[Start of section]

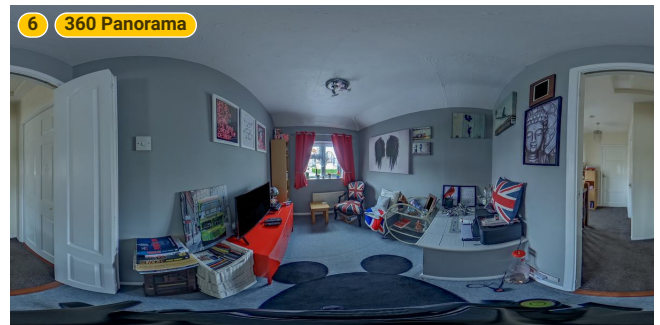

28 Feenan Highway

28 Feenan Highway, RM18 8JJ Tilbury, England, United Kingdom

TOTAL AREA: 877.05 sq ft • LIVING AREA: 877.05 sq ft • FLOORS: 2 • ROOMS: 10

Kempsters
ESTATE AGENTS

▼ Photos/Bedroom 3

Kempsters
ESTATE AGENTS
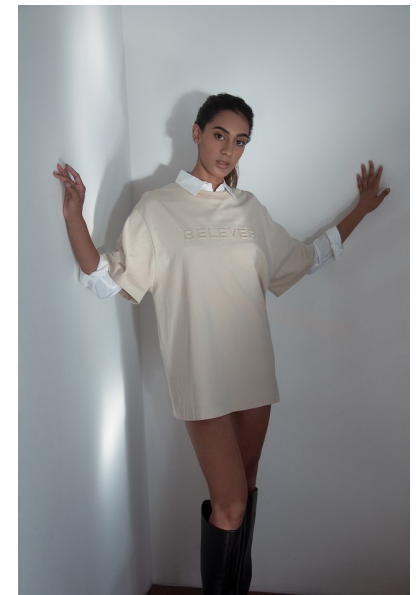

DANIELLE J

HEIGHT 165CM BUST 81CM B WAIST 59CM HIPS 88CM  
SHOE 37 EU HAIR BROWN EYES BROWN
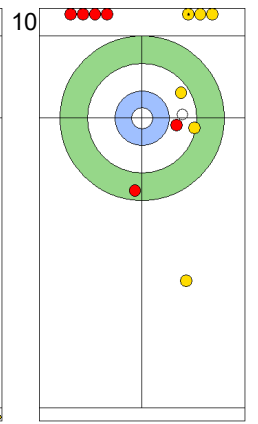

	SWE	NED
Total Score	5	2
Time left	9:01	6:11

Legend:
 ⌚ Clockwise ⌚ Counter-clockwise - Not considered

Game - Shot by Shot

End 7 **SWE - Sweden 5 + 1 (this end) = 6** **NED - Netherlands 2 + 0 (this end) = 2**

Power Play
Prepositioned Stones

SWE: WRANAA I
Wick / Soft Peeling 100%

NED: TONOLI V
Guard 100%

SWE: WRANAA R
Draw 75%

NED: GOESGENS W
Hit and Roll 75%

SWE: WRANAA R
Double Take-out 0%

NED: GOESGENS W
Raise 75%

SWE: WRANAA R
Double Take-out 50%

NED: GOESGENS W
Draw 75%

SWE: WRANAA I
Draw 100%

NED: TONOLI V
Take-out 0%

	SWE	NED
Total Score	6	2
Time left	6:52	2:53

Legend:
 Clockwise
  Counter-clockwise
 - Not considered
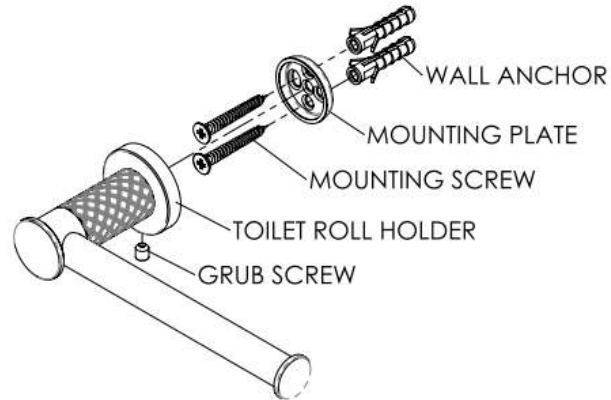

TEXTURA TESORA GISELE ACCESSORIES INSTALLATION INSTRUCTIONS

TOILET ROLL HOLDER

HAND TOWEL HOLDER

762mm SINGLE TOWEL RAIL

DOUBLE ROBE HOOK

Please contact country of purchase .

NZ:

Distributed by: Greens Global Limited
PO Box 5055, Hamilton, 3200
22 The Boulevard, Te Rapa, Hamilton 3200
Phone: 07 849 0109, Fax: 07 849 0540
Website: www.greenstapware.com
Email: nzsales@greenstapware.com
Service Hotline: 0800 655 455

762mm DOUBLE TOWEL RAIL

ROBE HOOK

TOILET PAPER HOLDER

HAND TOWEL HOLDER

SINGLE TOWEL RAIL

DOUBLE TOWEL RAIL

INSTALLATION INSTRUCTIONS

1. Remove the mounting plate by backing of the grub screw.
2. Place the mounting plate in the required position and screw to finished wall.
 - a. Towel Rails: Mark out first and check as **must be level**.
 - b. Drill pilot holes, if required.
 - c. Anchor sleeves are provided for masonry walls.
3. Install accessory to mounting plate and tighten the grub screw.
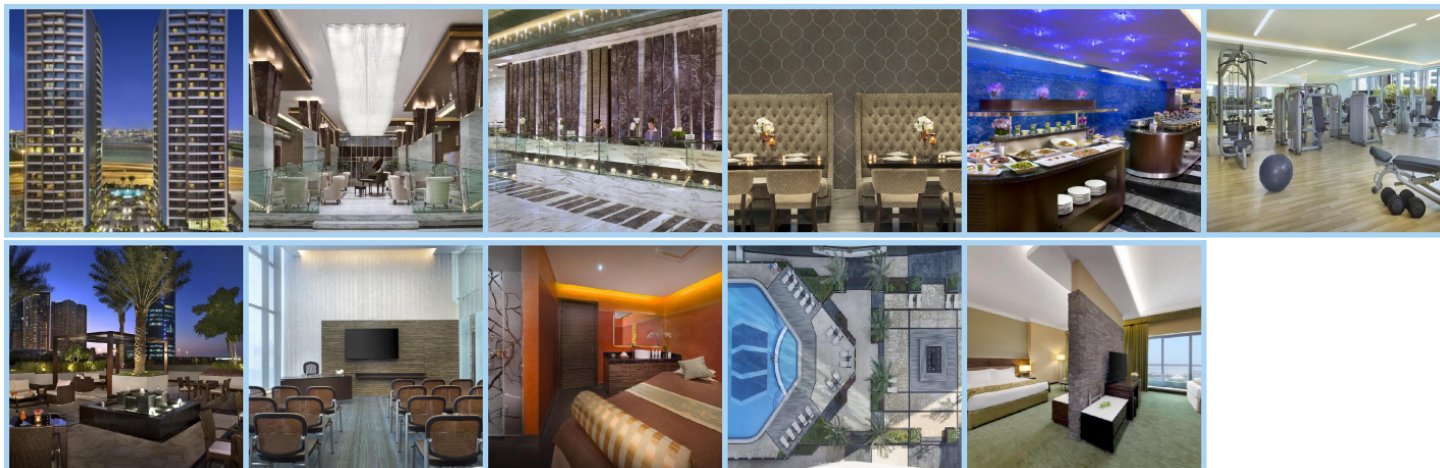

ATANA HOTEL ****

Destinace: Emiráty - DUBAI

Atana Hotel, situated in the vibrant area of Tecom, offers an exceptional location with easy access to the must-see attractions of Dubai. Just a 5-minute drive from the famous Mall of the Emirates, this modern hotel ensures a comfortable and convenient stay for both business and leisure travelers. Guests can enjoy free Wi-Fi and parking, and the hotel provides a complimentary shuttle service to the Mall of the Emirates, Jumeirah Beach, and the Dubai Internet City metro station.

All rooms and suites at Atana Hotel are tastefully decorated with contemporary furnishings and feature an array of amenities. Each room is equipped with an LCD TV, coffee and tea-making facilities, and a work desk. The standard rooms are available with either a King-size bed or twin beds, and they include a private bathroom with a bathtub or shower, complimentary toiletries, a hairdryer, a bathrobe, and a sofa. Other room features include air conditioning (at an additional charge), free Wi-Fi, towels, an iron, and a safety deposit box (for an extra fee). Some rooms even come with a balcony, providing guests with a refreshing outdoor space to unwind.

For families, the hotel offers interconnected family rooms that provide extra space and comfort for larger groups.

Atana Hotel features three distinct dining options, offering a variety of cuisines in a relaxed atmosphere. Guests can dine at one of the hotel's restaurants or enjoy a drink and light snacks at the Piano Café Lounge. Room service is also available 24 hours a day, catering to all your dining needs in the comfort of your room.

The hotel boasts an array of facilities for both business and leisure. It includes a large banquet hall with modular seating arrangements, conference rooms, and meeting facilities, making it an ideal venue for business travelers and corporate events. For relaxation, the hotel offers a beautiful outdoor swimming pool with a terrace where guests can soak up the sun. The fully equipped fitness center is available for those who wish to maintain their workout routine during their stay.

Atana Hotel's prime location allows easy access to public transport, with Dubai Internet City metro station just a 3-minute walk away, making it even more convenient for guests to explore the city. With its combination of modern amenities, prime location, and excellent services, Atana Hotel ensures a
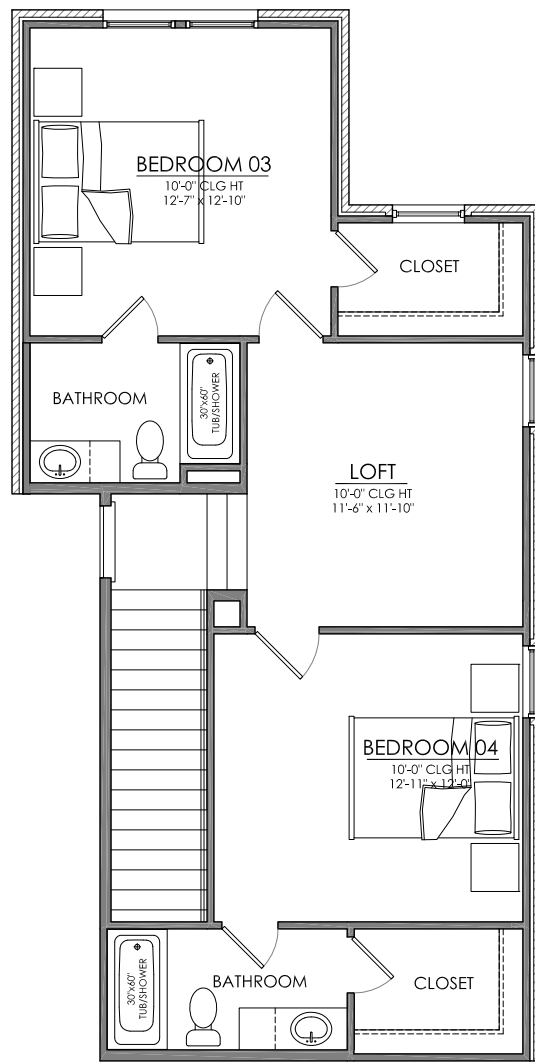

## DUPREE CONSTRUCTION

### BENTON LOT 27

4 BR/ 4.5 BA/ LOFT

2278 SF DOWN/ 752 SF UP

3030 SF TOTAL
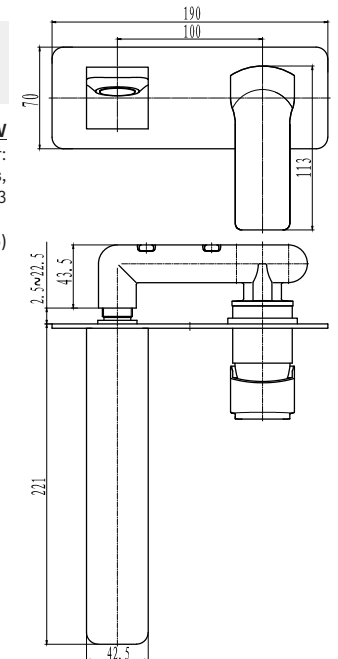

SABS 1480 (BS EN 1286)

COMPLETE BATH MIXER

SL120AVW

Exposed wall type bath mixer:
Two hole, single lever, with Diverter, G1/2" s-connectors adjustable from 128mm - 172mm centres. Supplied with hand shower, hose, wall bracket, 35mm citec cartridge, easy-clean aerator, DZR brass, Ni-8-10 Cr: 0.25-0.3, EPDM o-rings.

SABS 1480 (BS EN 1286)

WALL TYPE SINK MIXER

SL210AV

Wall type sink mixer:
Two hole, single lever, swivel spout 214mm, G1/2" s-connectors adjustable from 128mm - 172mm centres, 35mm citec cartridge & easy-clean aerator, DZR brass, Ni-8-10 Cr: 0.25-0.3, EPDM o-rings.

SABS 1480 (BS EN 1286)

FREESTANDING BATH MIXER

SL500AV

Freestanding bath mixer:
35mm citec cartridge, 2 x G1/2" FI inlets &
1 x G1/2" FI outlet, DZR brass,
Ni: 8-10 Cr: 0.25-0.3, EPDM o-rings.

SABS 1480 (BS EN 1286)

WALL MOUNTED BASIN MIXER

SL220AVW

Wall mounted basin mixer:
35mm citec cartridge, DZR brass,
Ni: 8-10 Cr: 0.25-0.3

SABS 1480 (BS EN 1286)

1. Citec cartridge

CITEC CARTRIDGES INCLUDE HIGH QUALITY CERAMIC DISKS WHICH ALLOW FOR SMOOTH ADJUSTMENT WHEN CHANGING THE TEMPERATURE & FLOW RATE OF THE WATER.
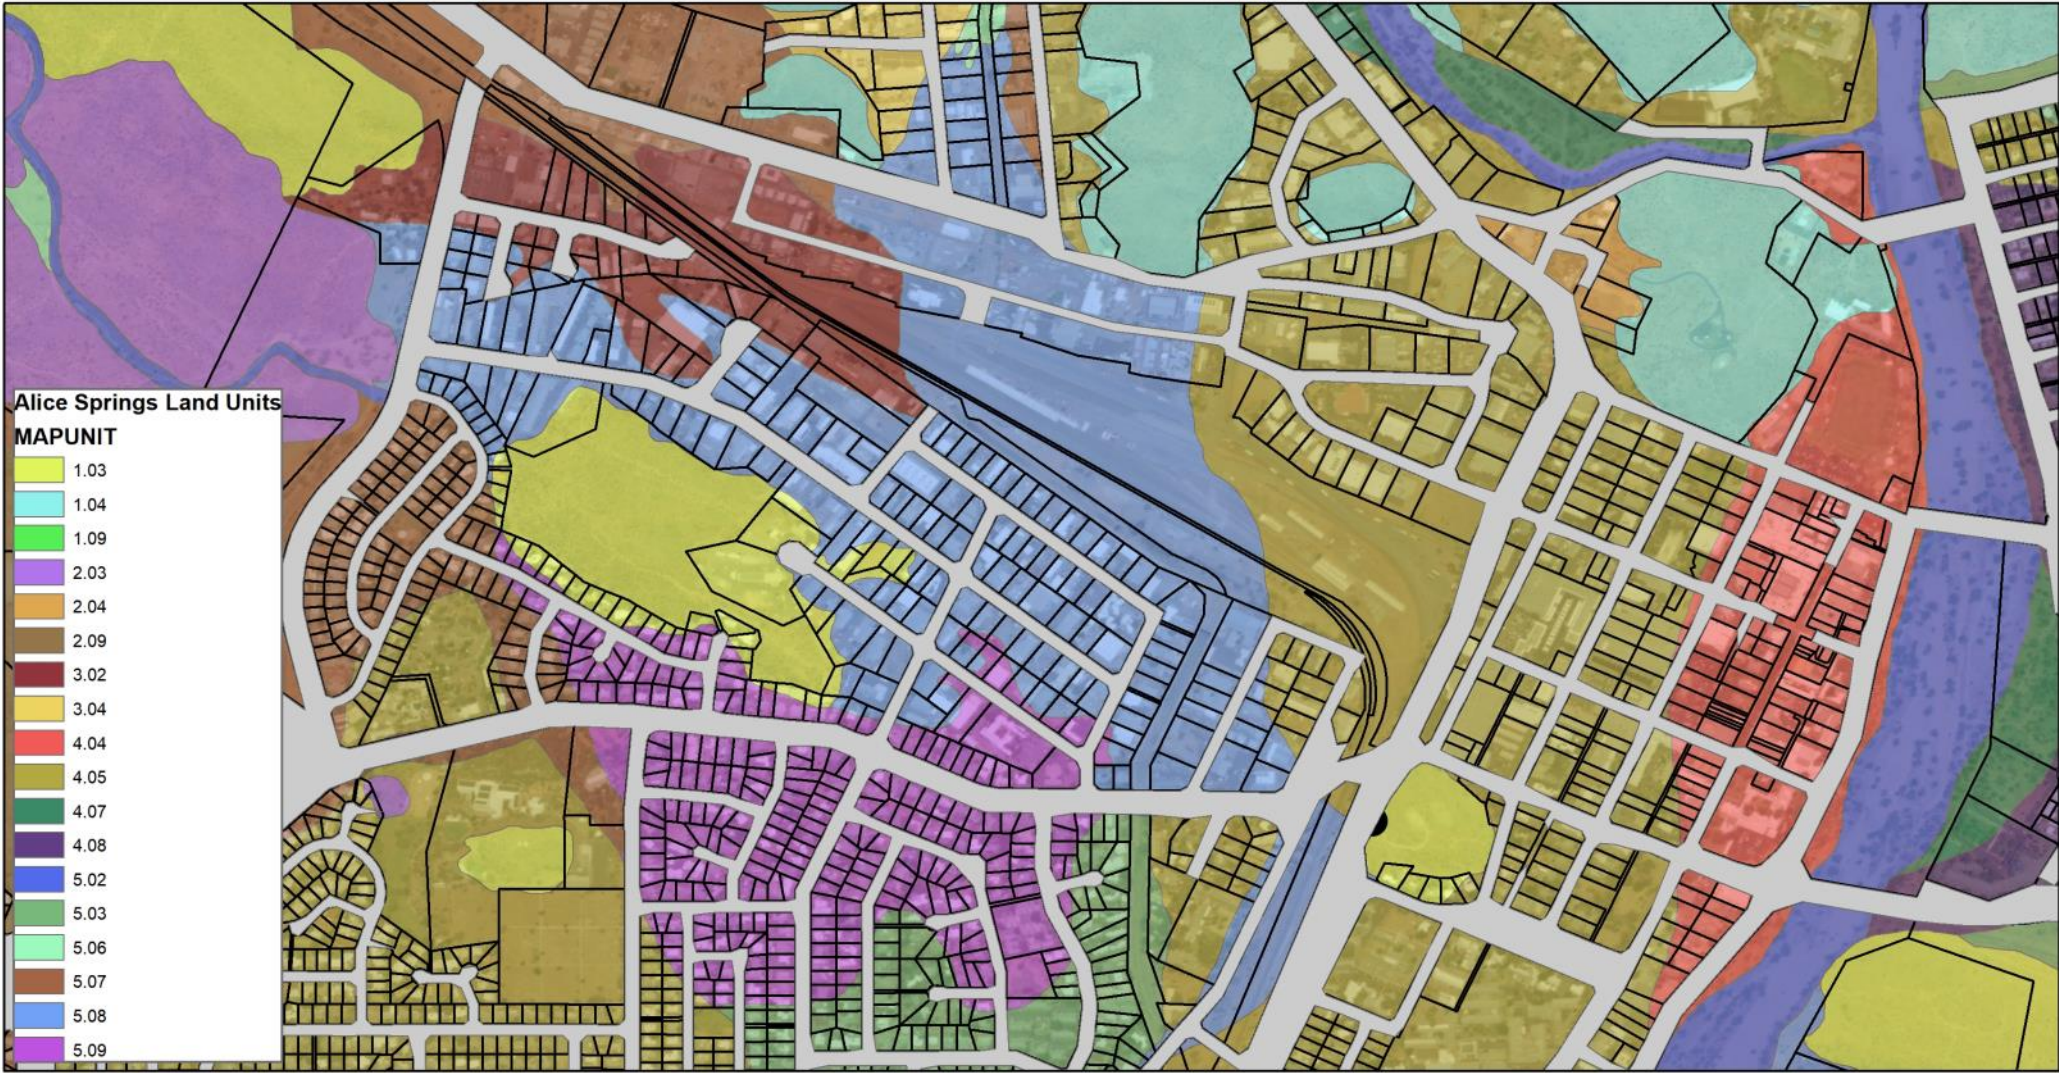

# CBD

© Copyright Low Ecological Services P/L. 2016.

**DATA SOURCE:**

Background: Geo Data Topo 1:250,000

Projection: Universal Transverse Mercator (UTM)

Map Grid of Australia (MGA), Zone 53

Horizontal Datum: Geodetic Datum of Australia (GDA94)
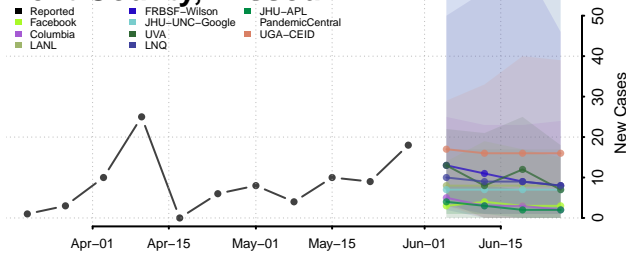

Dent County, Missouri

[End of section]

• _Requirement_:
Sift through the entries and copy every line with "required".

• _Solution for this problem_:
2. Place the mounting plate in the required position and screw to finished wall.
 - b. Drill pilot holes, if required.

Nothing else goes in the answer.